Aim of the task: Give back exactly the line that contains "Anzahl der Messwerte vs. Geschwindigkeit" and all the lines after it in the records below, to the very last, with no other output.
*** Opening of Source material ***
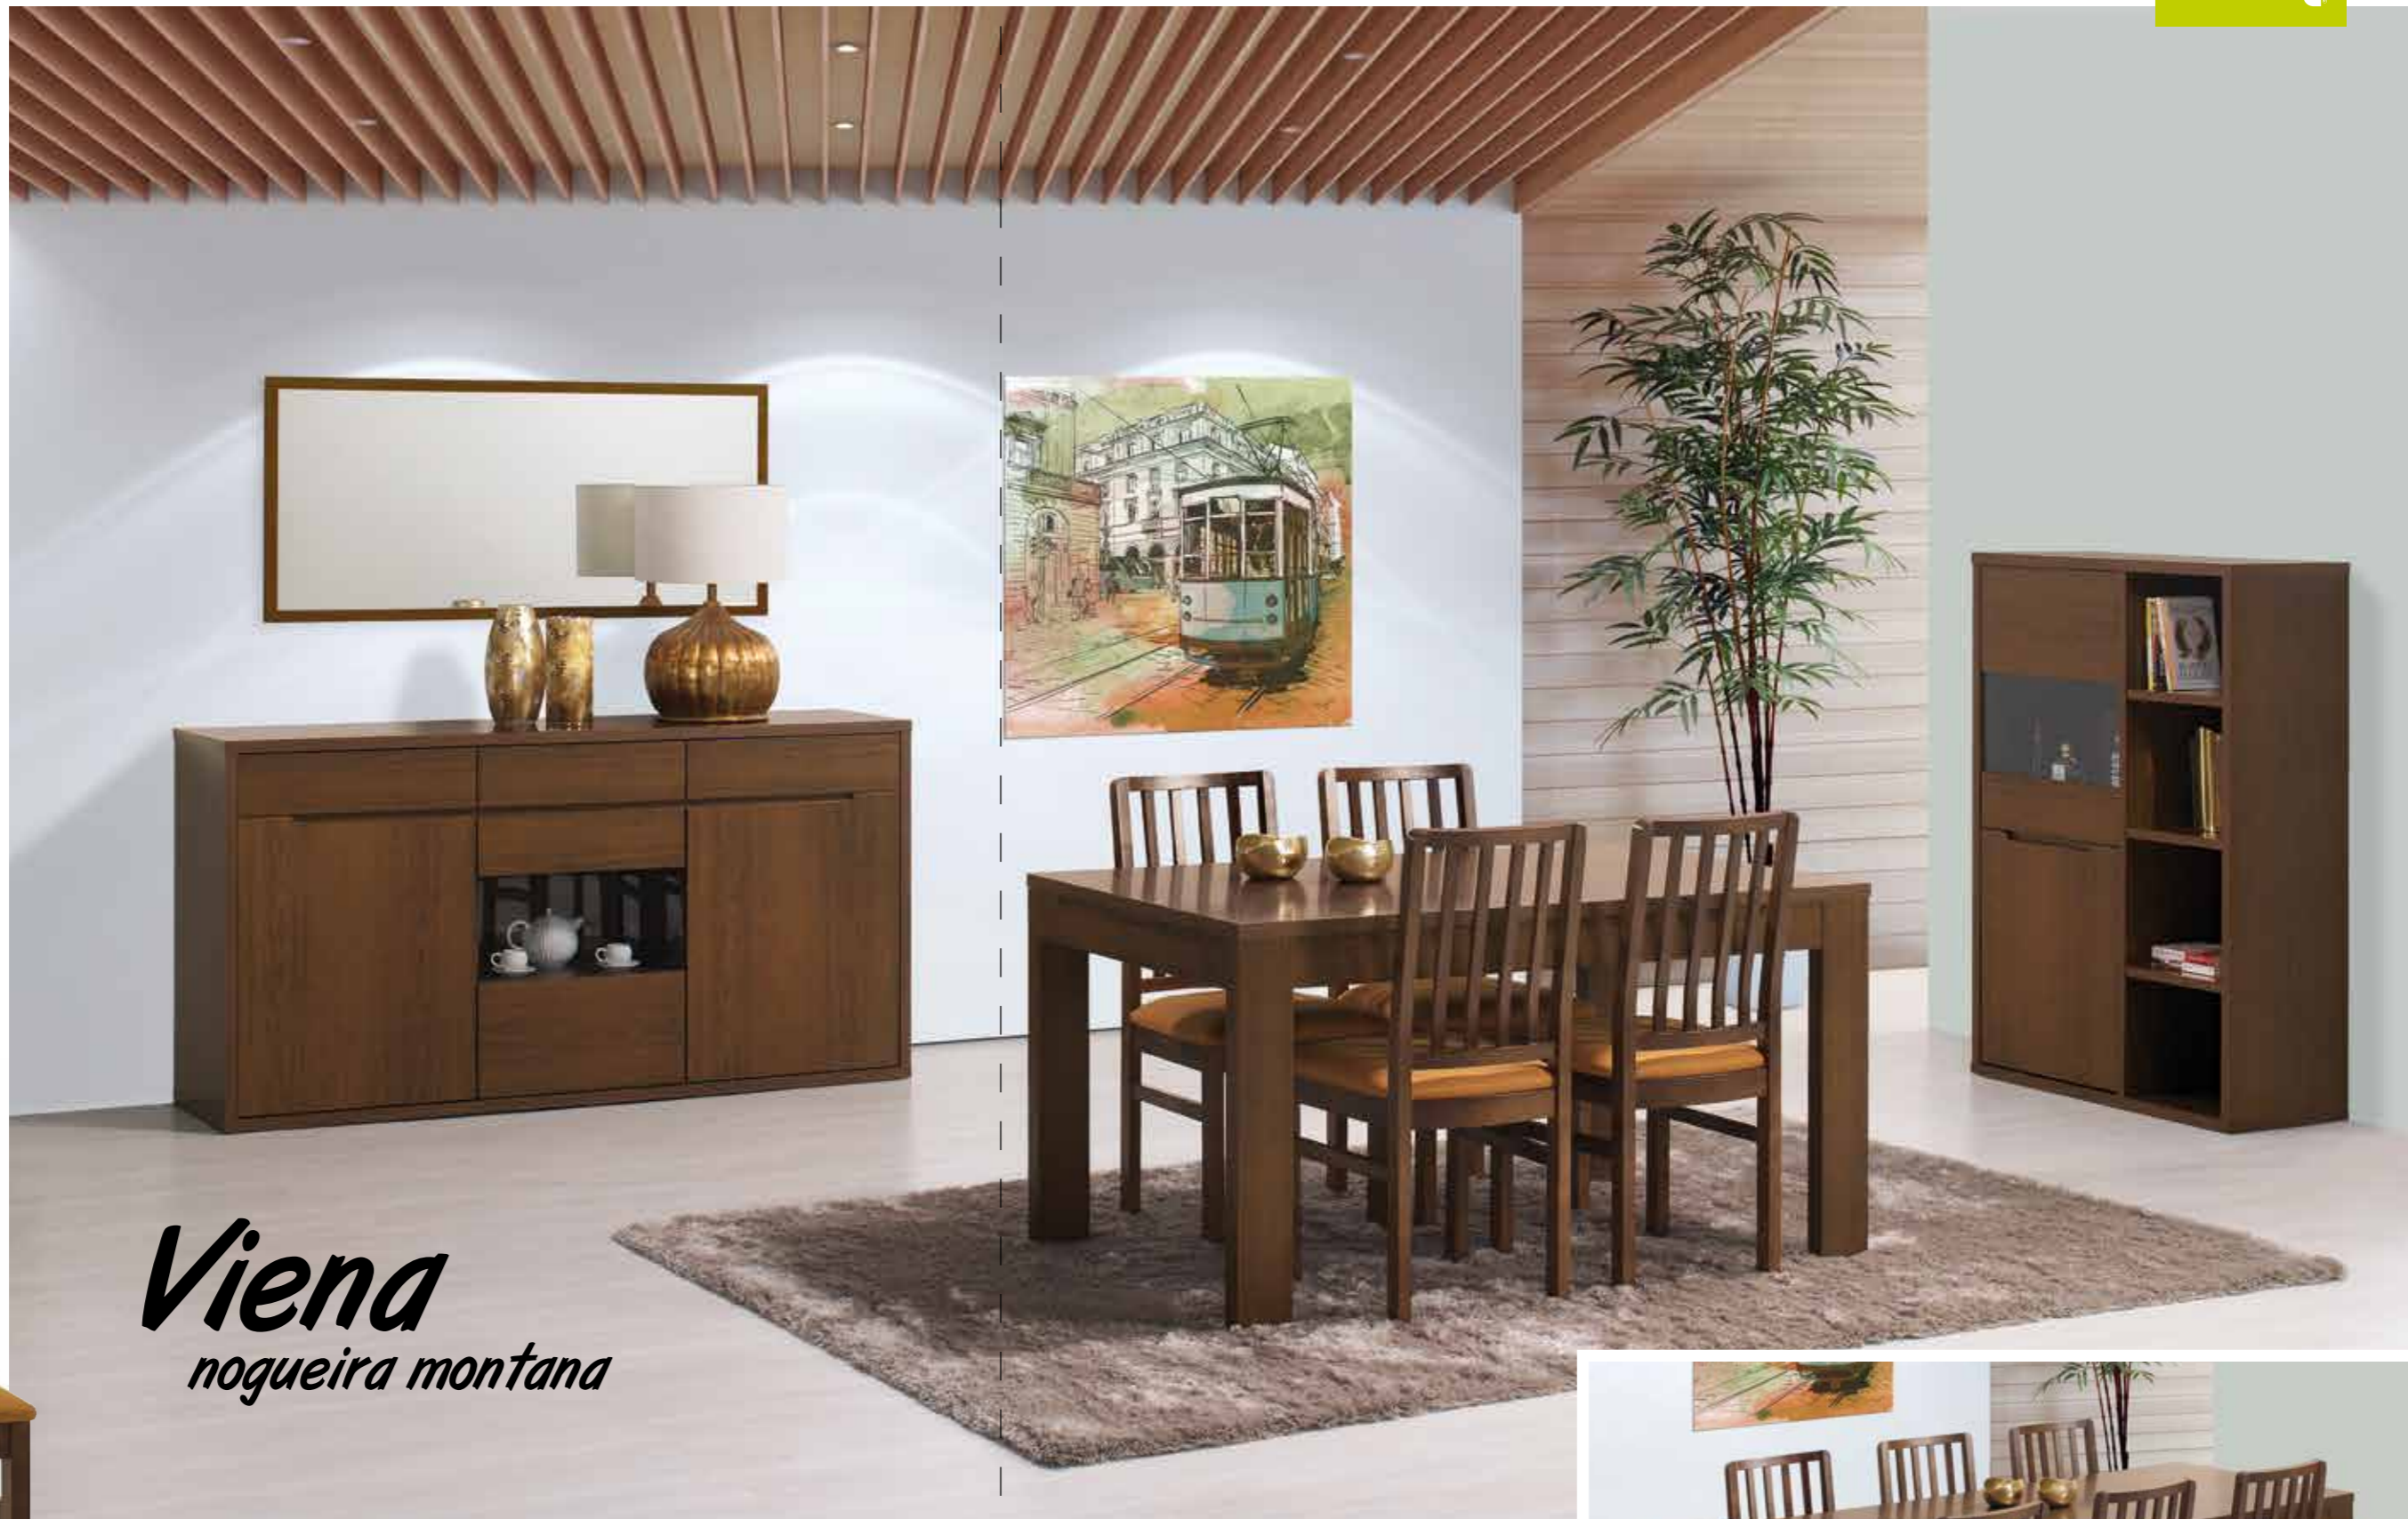

Viena
nogueira montana

Sala jantar

Aparador | Mural | Elemento Bar | Mesa Sala extensível 1 topo | Cadeira Ambar
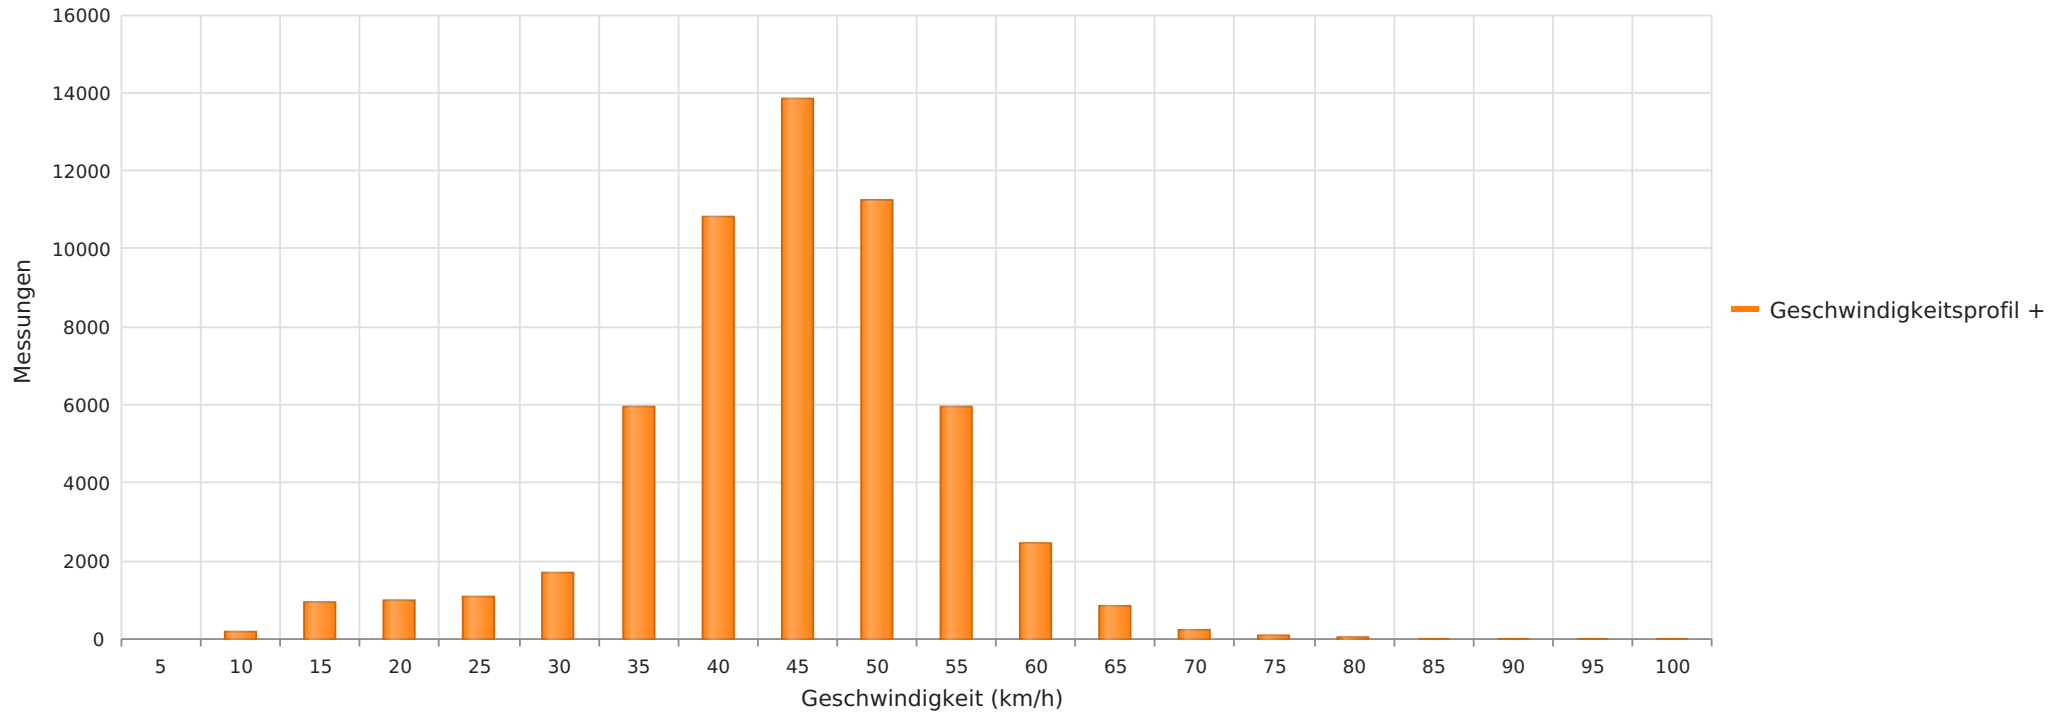

Ilbenstädter Str. geg. HsNr. 14, Fahrtrichtung OM, 50 km/h Beschränkung  
Anzahl der Messwerte vs. Geschwindigkeit

### Statistik

Montag, 7. Juli 2025, 14:00 Uhr bis Donnerstag, 31. Juli 2025, 11:00 Uhr

Messungen		56520
Durchschnittsgeschwindigkeit	Vd	42 km/h
85% der Fahrzeuge fahren langsamer oder maximal	V85	51 km/h
Maximalgeschwindigkeit	Vmax	96 km/h
*** Close of Source material ***
Result for this task:
Anzahl der Messwerte vs. Geschwindigkeit

### Statistik

Montag, 7. Juli 2025, 14:00 Uhr bis Donnerstag, 31. Juli 2025, 11:00 Uhr

Messungen		56520
Durchschnittsgeschwindigkeit	Vd	42 km/h
85% der Fahrzeuge fahren langsamer oder maximal	V85	51 km/h
Maximalgeschwindigkeit	Vmax	96 km/h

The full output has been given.